The regime of Muammar el-Qaddafi is richly deserving of a definitive overthrow and Criticism &c. is in firm sympathy with the Libyans who are attempting—against long odds—to achieve one. The pathetic intervention of Britain, France, Italy (Libya’s fomer colonial master and present neo-colonial patron) and the U.S., with the blessing of the sclerotic Arab League, however, prompts one to say, “Really ladies and gentlemen, this is just too much.”
Qaddafii had only recently diverted a generous stream of his petroleum cash-hoard from his preposterous sub-Saharan goodwill construction campaign to buy his way back into the graces of Europe and the U.S., after decades in the proverbial cold. It hasn’t been long enough to forget Tony Blair’s visit to the colonel’s celebrated bedouin tent in 2004 to shake every extended hand and prepare the ground for a serious reentry into the oil exploration game.
For its part, the policy of the U.S. since the start of the democratic revolutions in the Arab world can only be described as totally incoherent.
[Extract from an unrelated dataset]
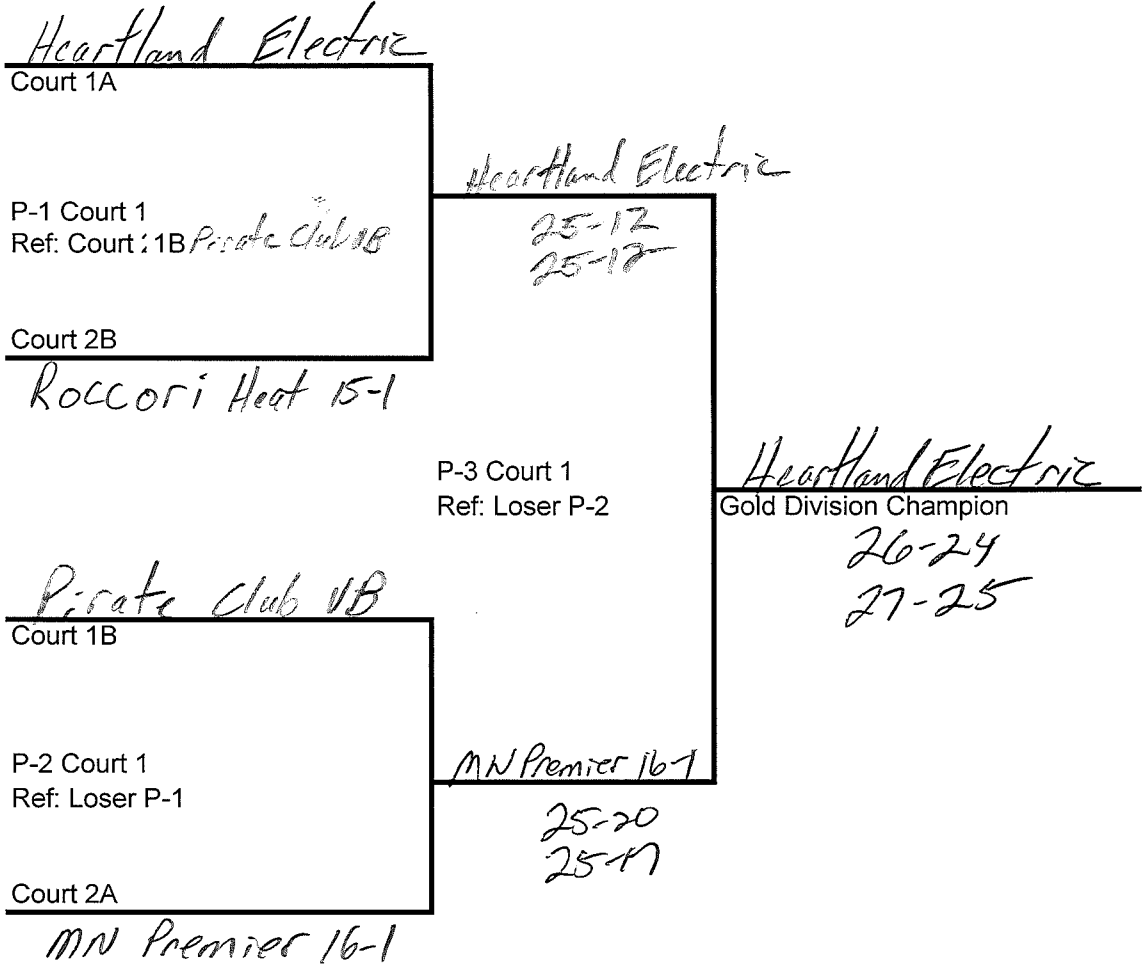

2015 Heartland Blizzard 16's Tournament

16's Gold Division Playoff Schedule Monticello Middle School

REMINDER IF YOU LOSE YOU STAY AND REF THE NEXT MATCH ON YOUR COURT

All play-off matches will be 2 out of 3 games, 25 points no cap.
The deciding game will be rally to 15 points, no cap

Here the U.S. supports the murderous regimes in Bahrain and Yemen, there Secretary of State Hilary Clinton makes a pilgramage to Cairo’s Tahrir Square and declares it, “A great reminder of the power of the human spirit.” Clearly, no value is placed on diolomatic consistency.
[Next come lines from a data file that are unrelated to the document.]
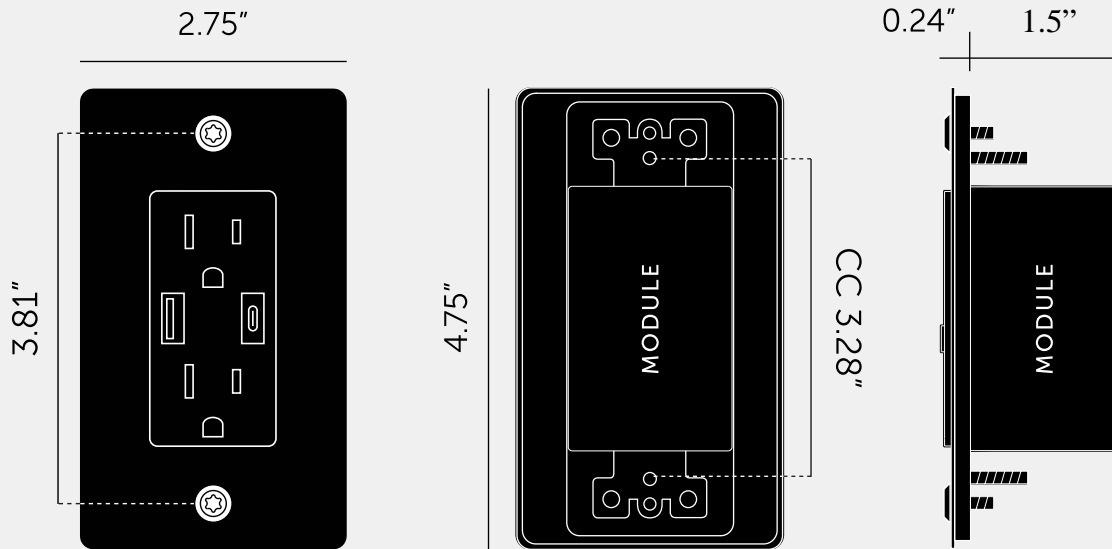

**1G DUPLEX OUTLET
/ USB A + C / LINEAR
/ WITHOUT LOGO**

ACTION: POWER OUTLET + USB

KNURL: LINEAR

RANGE: POWER OUTLETS

Our designer power outlet bring a touch of luxury to any room, available in a range of finishes to match our toggle switches and dimmers for a consistent flow throughout each room. With essential design features including iconic solid metal penny screw or torx, with the option for integrated USB chargers, you can find the perfect power outlet for your interiors.

SPECIFICATIONS

Our Metal Electricity range has solid stainless steel plates, in our signature white, steel, brass, smoked bronze and black finishes.

Module: NSM-143243 / NSM-023242 (XJY-USB-30-A-A/C)

Style: XJY-USB-30-A-A/C 1 x Duplex Outlet & 2 x USB Charger

Outlet: 15A / 125V AC / 60HZ

USB charger: Class 2 / USB Type-A / 5VDC / 2.4A USB

Type-C / PD'QC3.0

Certification: cETLus listed 5005536

INCLUDED

1 x 1G Wall Plate

1 x Outlet and USB A + C

1 x Outlet Detail Kit

FINISH & SKU NUMBERS

sku:	finish:	size:
NSC-024086	● black	1G
NSC-054087	● brass	1G
NSC-454088	● smoked bronze	1G
NSC-074089	● steel	1G
NSC-144090	● white	1G

PLEASE NOTE

DISCLAIMER: Always consult a trade professional when installing this product. Buster + Punch is not responsible for the usage or feasibility of installation requirements. This product is not suitable for damp or wet environments.

The moment calls for a reproduction of “Murderous Humanitarianism”, a 1932 statement of the Surrealists on racism and colonial hypocrisy. This brilliant manifesto was translated from the French by Samuel Beckett and appeared in the historic collection Negro: An Anthology (1934) edited by the unjustly forgotten Nancy Cunard. For a fascinating account of the production of the anthology (which has not been reproduced in its entirety since the original edition) and Cunard’s relationship with Beckett, see Beckett in Black and Red: the Translations for Nancy Cunard’s Negro (1934) by Alan Warren Friedman. I have taken the text below from this work, but it also appears in Franklin Rosemont’s What Is Surrealism? (where I first came across it) and Surrealism Against the Current, edited by Michael Richardson and Krzysztof Fijalkowski. It should be noted that among the signatories, two (Jules Monnerot and Pierre Yoyotte) were from Martinique.
• • •
by the Surrealist Group in Paris
For centuries the soldiers, priests and civil agents of imperialism, in a welter of looting, outrage and wholesale murder, have battened with impunity on the coloured races; now it is the turn of the demogogues, with their counterfeit liberalism.
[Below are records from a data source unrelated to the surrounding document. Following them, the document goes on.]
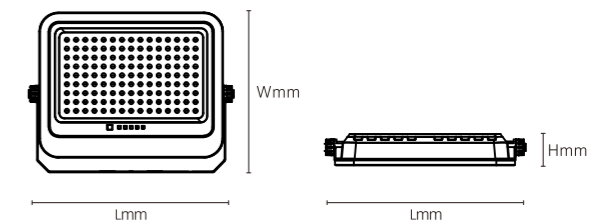

LED SOLAR FLOODLIGHT

FXSA02

Model No.	W	Photovoltaic panel	Photovoltaic panel size (LxWxH)	V	lm	LxHxØ [mm] LxWxH [mm] ØxH [mm]	Material	Mounting	Notes
OS40133	3W	10W/6V	350x235x17mm	DC3.2V	450lm	155x189x48mm	Die-cast aluminum	Hanging mounting	/
OS40134	5W	10W/6V	350x235x17mm	DC3.2V	720lm	155x189x48mm	Die-cast aluminum	Hanging mounting	/
OS40135	9W	18W/6V	350x350x17mm	DC3.2V	1350lm	217x270x48mm	Die-cast aluminum	Hanging mounting	/
OS40136	12W	25W/6V	350x450x17mm	DC3.2V	1800lm	217x270x48mm	Die-cast aluminum	Hanging mounting	/
OS40137	15W	25W/6V	350x450x17mm	DC3.2V	2250lm	217x270x48mm	Die-cast aluminum	Hanging mounting	/

INSTALLATION DIAGRAM

LED SOLAR FLOODLIGHT

FXSA04

Model No.	W	Photovoltaic panel	Photovoltaic panel size (LxWxH)	V	lm	LxHxØ [mm] LxWxH [mm] ØxH [mm]	Material	Mounting	Notes
OS40141	60W	5W/6V	270x180x15mm	DC3.2V	600lm	172x250x46mm	PC	Fixed installation	/
OS40142	100W	8W/6V	350x235x15mm	DC3.2V	900lm	215x305x46mm	PC	Fixed installation	/
OS40143	150W	12W/6V	290x350x15mm	DC3.2V	1050lm	215x305x46mm	PC	Fixed installation	/
OS40143	200W	15W/6V	350x350x15mm	DC3.2V	1350lm	245x340x54mm	PC	Fixed installation	/

110°

INSTALLATION DIAGRAM

But the proletariat of today, whether metropolitan or colonial, is no longer to be fooled by fine words as to the real end in view, which is still, as it always was, the exploitation of the greatest number for the benefit of a few slavers. Now these slavers, knowing their days to be numbered and reading the doom of their system in the world crisis, fall back on a gospel of mercy, whereas in reality they rely more than ever on their traditional methods of slaughter to enforce their tyranny.
No great penetration is required to read between the lines of the news, whether in print or on the screen: punitive expeditions, blacks lynched in America, the white scourge devastating town and country in our parliamentary kingdoms and bourgeois republics.
War, that reliable colonial endemic, received fresh impulse in the name of “pacification.” France may well be proud of having launched this godsent euphemism at the precise moment when, in throes of pacifism, she sent forth her tried and trusty thugs with instructions to plunder all those distant and defenceless peoples from whom the intercapitalistic butchery had distracted her attentions for a space.
The most scandalous of these wars, that against the Riffians in 1925, stimulated a number of intellectuals, investors in militarism, to assert their complicity with the hangmen of jingo and capital.
Responding to the appeal of the Communist party we protested against the war in Morocco and made our declaration in Revolution first and always.
In a France hideously inflated from having dismembered Europe, made mincemeat of Africa, polluted Oceania and ravaged whole tracts of Asia, we Surréalistes pronounced ourselves in favour of changing the imperialist war, in its chronic and colonial form, into a civil war. Thus we placed our energies at the disposal of the revolution, of the proletariat and its struggles, and defined our attitude toward the colonial problem, and hence toward the colour question.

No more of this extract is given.